Laws introduced during moments of crisis tend to expand quietly over time. Categories blur. Definitions widen. What begins as protection against violence can become regulation of speech; what begins as speech regulation can drift toward policing belief.

This is not an accusation of malice. It is a pattern—one observed repeatedly across history.

Australia has a proud tradition of religious freedom. Section 116 of the Constitution reflects an early recognition that the state must not intrude into matters of conscience. Seventh-day Adventists in Australia have been strong beneficiaries of this principle—particularly in matters of Sabbath observance, military service and education.

Adventism itself was born in the crucible of religious liberty concerns. Our pioneers were acutely aware that majorities, even well-intentioned ones, can misuse moral authority when dissenting voices are marginalised. This awareness shaped our historic advocacy for freedom of conscience for all—not only for ourselves.

Ellen White warned that the final crisis would not come primarily through open persecution at first, but through moral persuasion, social pressure and legislation framed in the language of public good.

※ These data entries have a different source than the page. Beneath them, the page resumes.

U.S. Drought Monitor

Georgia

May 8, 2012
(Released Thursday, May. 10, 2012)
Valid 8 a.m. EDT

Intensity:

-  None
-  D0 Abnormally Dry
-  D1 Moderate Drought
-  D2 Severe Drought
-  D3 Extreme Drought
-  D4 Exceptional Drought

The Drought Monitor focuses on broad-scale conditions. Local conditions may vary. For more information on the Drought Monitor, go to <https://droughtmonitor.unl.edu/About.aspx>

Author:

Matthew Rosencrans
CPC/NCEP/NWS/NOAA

Her concern was not tyranny, but incremental coercion.

Biblical prophecy—particularly in Daniel and Revelation—uses symbolic language to critique systems of power. The “beasts” are not ethnic groups. They are not Jews, Catholics, Protestants, or atheists as individuals. They represent historical movements and institutional alignments where religious authority and civil power merge to compel conscience.

This distinction is vital. Yet it is precisely this symbolic, historical critique that modern legal frameworks struggle to interpret.

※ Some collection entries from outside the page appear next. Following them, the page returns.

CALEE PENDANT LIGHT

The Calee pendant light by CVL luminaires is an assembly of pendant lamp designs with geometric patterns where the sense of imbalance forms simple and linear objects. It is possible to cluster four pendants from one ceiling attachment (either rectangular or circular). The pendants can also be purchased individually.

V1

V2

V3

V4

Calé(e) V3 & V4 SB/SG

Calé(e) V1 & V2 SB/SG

In a climate rightly sensitive to antisemitism and religious hatred, there is a growing risk that system-level theological critique may be misunderstood—or deliberately mischaracterised—as hate speech. Terms long used within Protestant and Adventist tradition may be viewed through contemporary political lenses rather than historical or theological ones.

The challenge for Adventists is therefore not whether prophecy remains true, but how it is articulated responsibly in a changed legal and cultural environment.

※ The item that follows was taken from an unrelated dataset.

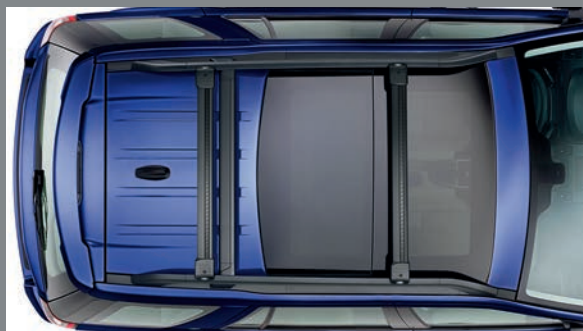

CARRYING & TOWING

Raised Roof Rails and Cross Brace Kit*

LR007220

Panoramic Sunroof vehicles. Cross Bars are sold separately. (See asterisk below.)

History reveals an instructive progression.

In medieval Europe, blasphemy laws protected God—or rather, the state’s interpretation of God. In modern democracies, hate-speech laws protect people, particularly minorities who have suffered grievously. Increasingly, however, we see a third category emerging: laws designed to protect social cohesion and unity.

Unity is not a biblical evil. Jesus prayed for it. But enforced unity—especially when it suppresses conscience—has always been the seedbed of persecution.

The book of Revelation does not depict a future of rampant atheism, but of coerced conformity. Religion is permitted—so long as it does not disturb consensus.

Rome did not initially persecute Christians because they were immoral or violent. It persecuted them because they were seen as socially disruptive. They refused to participate in state-sanctioned religious acts that symbolised unity and loyalty.

That lesson should sober us. Restrictions on conscience rarely announce themselves as such. They are introduced as reasonable, protective, and compassionate.

How, then, should Australian Adventists respond?

Not by resisting laws that protect Jewish communities from harm. Not by careless or provocative language. Not by silence born of fear.

But by recommitting ourselves to genuine opposition to antisemitism in all its forms; careful, historically informed use of prophetic language; principled defence of religious liberty for everyone, and; Christlike humility in tone, without surrender of conviction.

Prophecy must never be used as a weapon. But neither must it be edited into irrelevance.

The narrowing of conscience does not arrive suddenly. It emerges quietly—through tragedy, fear, moral urgency and laws passed with sincere intentions.

As Seventh-day Adventists in Australia, we are called to hold two truths together:
the absolute necessity of protecting Jewish people from hatred and violence, and the equally vital need to preserve freedom of conscience in a pluralistic society.

Doing both requires wisdom, historical memory, and above all, the Spirit of Christ.

Now, as much as ever, discernment matters.

Dr Robert H Granger is a dermatologist in Bunbury, WA.